この点、昨年の5月に、自民党の当時の森山幹事長が与党PTとしても北海道に入りたいというお話があったのですけれども、それ以降さまざまな政治日程、いろいろな状況もあって、そんな中で、先ほど言ったような、さらにコストが上がりますという状況が出てきましたので、この点はできる限り地域の負担を減らすということも強く、訴えなければならないと思っていますので、従前から求めてきた内容プラス今回の費用負担の話も出てきているので、この点についてはしっかり求めていかなければならないと思っています。いずれにしても、地域に寄り添った対応をしっかり求めていきたいと思っています。
(日本経済新聞)
メガソーラーの違法開発問題に絡んだ質問なのですけれども、道は違法に発電した事業者から電気を買わないという道の契約方針を変更する考えを庁議で示されたと思うのですが、あらためてこのねらいを教えてほしいのと、今後のスケジュール感も併せて教えてください。
(知事)
法令に違反する施設で発電された電気は買わないという姿勢を示すということは、重要な抑止力になると考えています。当然、電気を買うという人がいるから事業が成立するということなのですけれども、法律などで強化していくことも大事ですし、対応をしっかりしていってほしいと思いますけれども、やはり地域との共生、また、こういった法律に違反する、そういう状況の中での電気はもう買わないのだということがしっかり抑止力になっていくと思っているので、これは北海道だけではなくて、多くの方にその輪を広げていくことで、より抑止力になっていくと思っています。この対応の考え方については、今問題の中心になっている釧路市のほうも、私の考えを説明する中で、ぜひ歩調を合わせていきたいという話でもありました。そういう意向もいただいているところです。

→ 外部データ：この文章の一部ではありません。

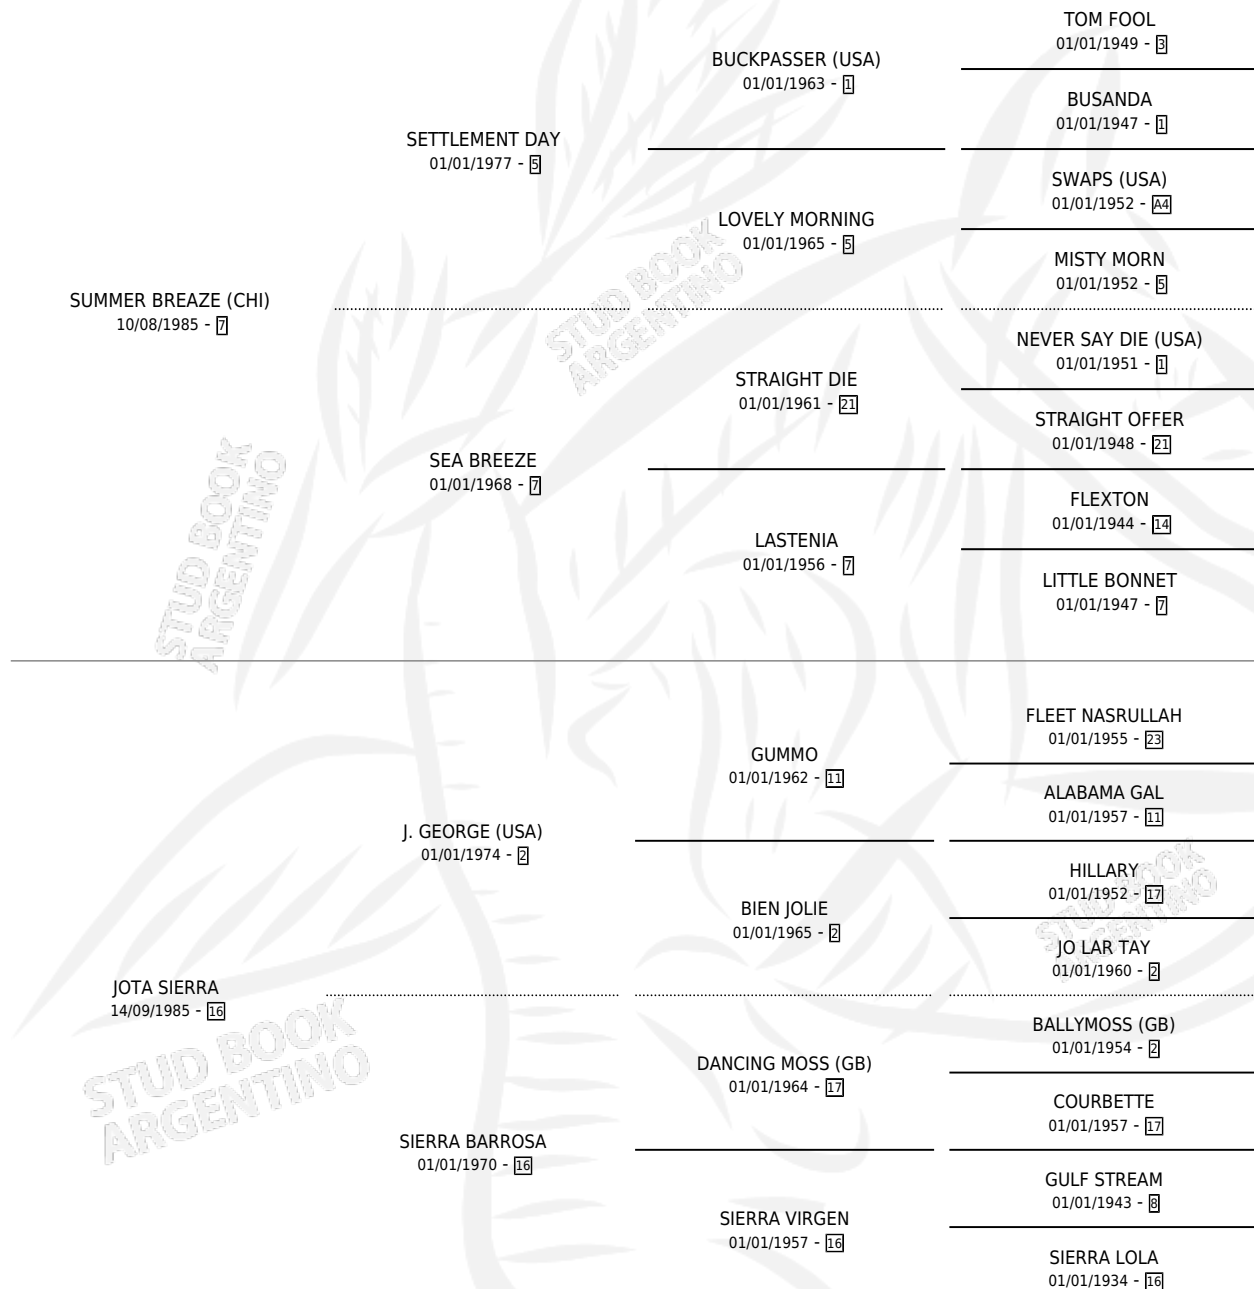

SUMMER MOUNTAIN

por **SUMMER BREAZE (CHI)** y **JOTA SIERRA** por **J. GEORGE (USA)**

Argentina · Macho · Zaino Colorado · SP · 23/09/1992
Familia 16-e · Volumen 34

ESTADO

TIPIFICACIÓN SANGUÍNEA	X
TIPIFICACIÓN POR ADN	X
PASAPORTE	X
IDENTIFICACIÓN POR MICROCHIP	X
REPRODUCTOR	X

Lugar de nacimiento: Los Nogales

Criador: Los Nogales

PEDIGREE

SUMMER MOUNTAIN

Datos oficiales del Stud Book Argentino

Documento generado el 07/05/2026

studbook.org.ar

具体的な手続きとしては、道の環境配慮契約対応方針というのがあるので、これを3月までに改定していくことで、対応していきたいと思っています。それと、北海道が、ある意味、調達するというところだけだとかなり限定的になってしまうので、再エネの調達を行う企業の皆さまに対しても、社会的責任として、北海道と同様の対応をとっていただけないかということで、その輪を広げていくと。それと、3月までにこういう方針を改定していくという作業を、これはどうしてもいろいろ手続きで時間がかかってくるので、検討段階においても、道のそういう考え方ですとか検討の方向性、方針を発信しながら、例えば、事業者だけではなくて、市町村、そういう皆さまにも発信して、とにかく法令に違反している電気は買わないのだということになれば事業が成り立たないので、抑止力になると思っているので、そういった機運を醸成していく、これをぜひやっていきたい。
(日本経済新聞)
輪を広げるみたいなお話の中で、再エネ事業者から電力の購入を考えている企業とか、市町村とかにも道の方針を示していく中で、同じような対応を求めるのか、それとも、例えば努力義務ですとか、メッセージにとどまるのか、具体的にどのように輪を広げてきいきたいかということについては、いかがでしょうか。
(知事)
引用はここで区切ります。